Top of Material provided

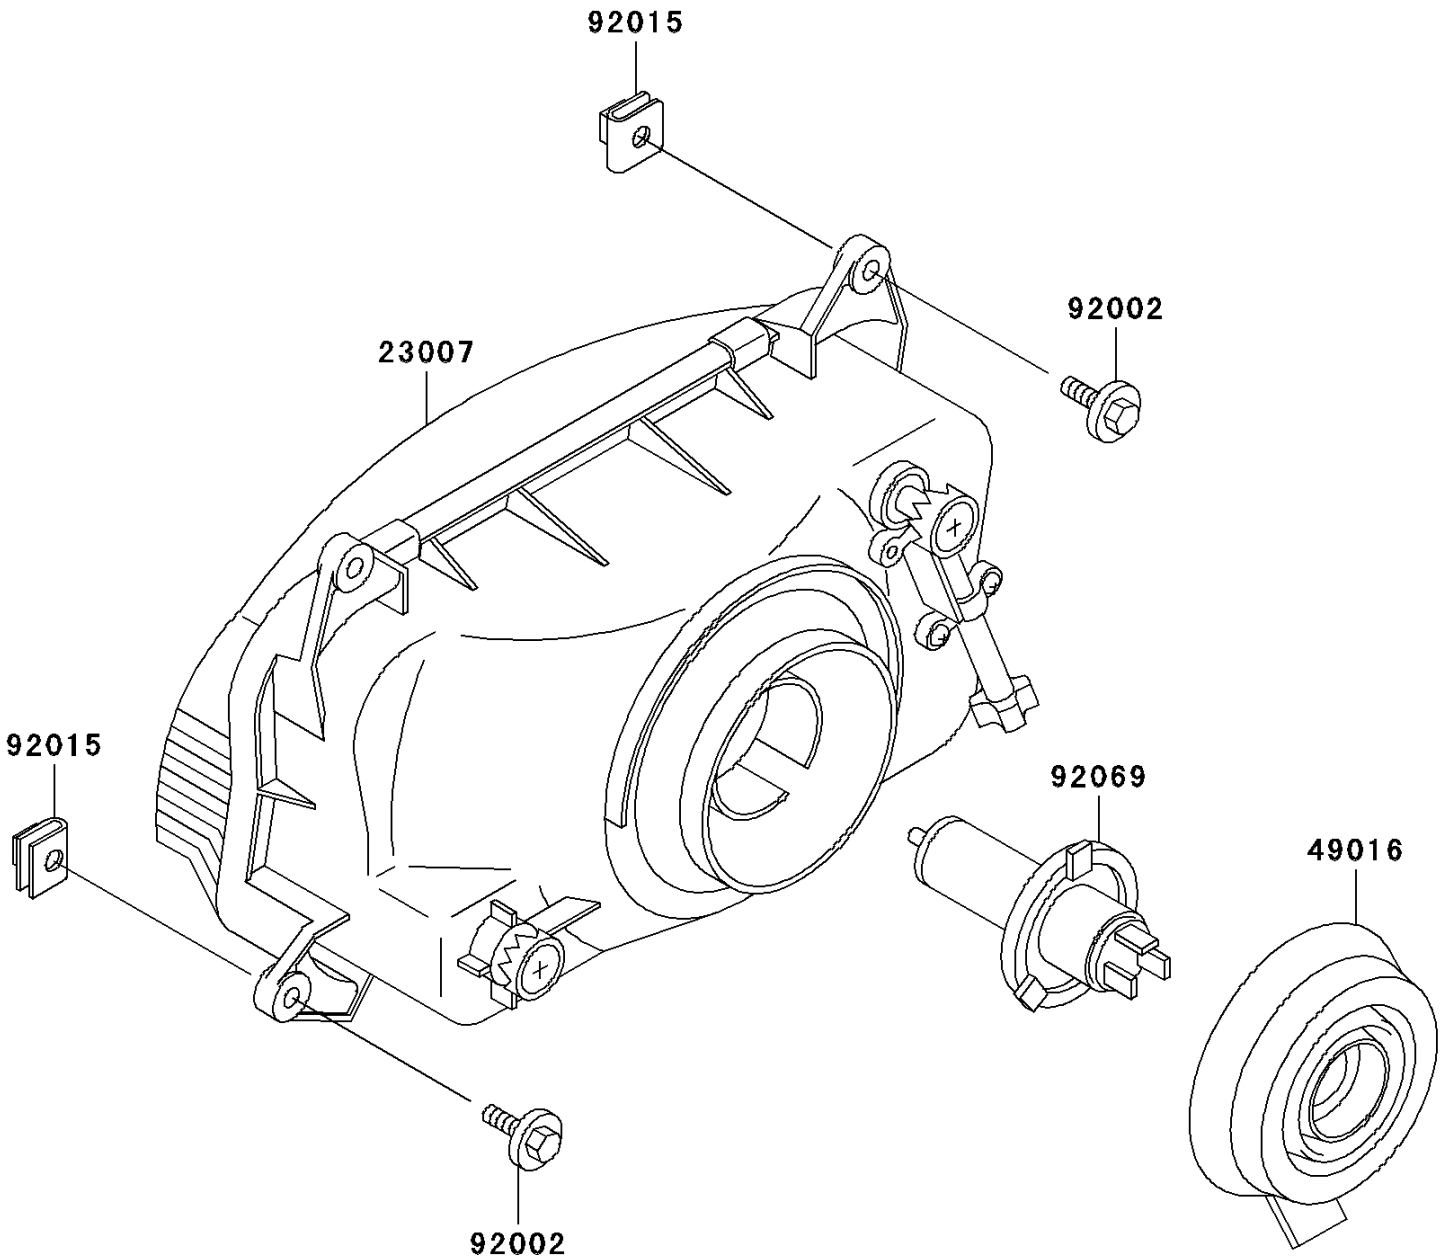

2005 ZZR600 (Canada Only) PARTS DIAGRAM

Headlight(s)

F2710

2005 ZZR600 (Canada Only) PARTS LIST

Headlight(s)

ITEM NAME	PART NUMBER	QUANTITY
LENS-COMP,HEAD LAMP (Ref # 23007)	23007-1375	1
COVER-SEAL,HEAD LAMP SOCKET (Ref # 49016)	49016-1137	1
BOLT,6X22 (Ref # 92002)	92002-1262	4
NUT,6MM (Ref # 92015)	92015-1602	4
BULB,12V 60/55W,H4 (Ref # 92069)	92069-1002	1

Bottom of Material provided

#### [What you will do]
Copy every line from the records above that contains the word "Only".

#### [Solution for this task]
2005 ZZR600 (Canada Only) PARTS DIAGRAM
2005 ZZR600 (Canada Only) PARTS LIST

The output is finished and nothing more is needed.